• [WHAT YOU SHOULD DO] Transcribe precisely those lines of the listing that fall between the line containing "- Plusieurs gammes" and the last line, inclusive of both.

• [RECORDS]
┌──
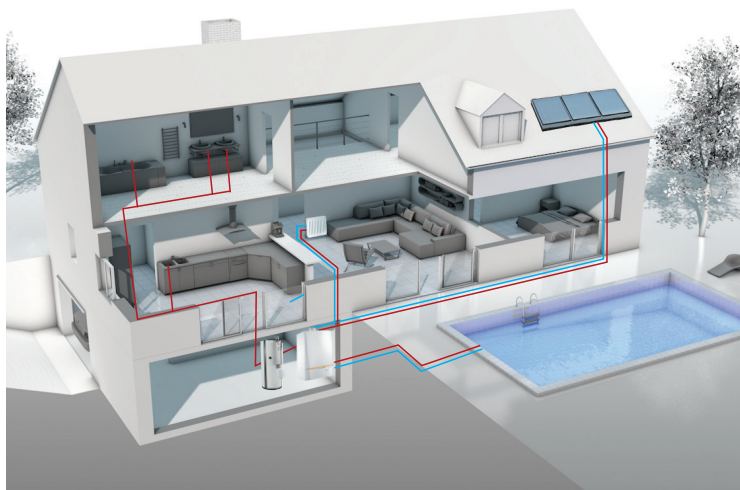

Sèches-serviettes

UN CONFORT SUR-MESURE

- La large gamme de modèles permet de trouver la puissance qui convient pour une adéquation optimale entre modèles et pièces à chauffer.
- Excellente réactivité aux variations de température qui impacte sur les économies d'énergie.
- Il existe aussi des modèles sans ailettes intérieures pour un entretien facilité et une hygiène parfaite de l'air.

ARTIS DECO, LE SÈCHE-SERVIETTES ADAPTÉ À VOS EXIGENCES

- Design sobre et fonctionnel permettant une harmonisation facile dans votre salle de bain.
- Plusieurs gammes disponibles pour répondre à toutes les configurations.
- Design optimisé de façon à pouvoir recevoir un grand nombre de serviettes.

*en combinant Artis avec une pompe à chaleur aérothermique.

SÉRÉNITÉ ET BIEN-ÊTRE AU QUOTIDIEN

« Artis est la solution idéale
pour répondre à mes
besoins de confort »

.....

« Sobre et discret, mon radiateur
Artis s'intègre parfaitement
dans mon intérieur »
└──
• [SOLUTION TO THE PROBLEM]
- Plusieurs gammes disponibles pour répondre à toutes les configurations.
- Design optimisé de façon à pouvoir recevoir un grand nombre de serviettes.

*en combinant Artis avec une pompe à chaleur aérothermique.

SÉRÉNITÉ ET BIEN-ÊTRE AU QUOTIDIEN

« Artis est la solution idéale
pour répondre à mes
besoins de confort »

.....

« Sobre et discret, mon radiateur
Artis s'intègre parfaitement
dans mon intérieur »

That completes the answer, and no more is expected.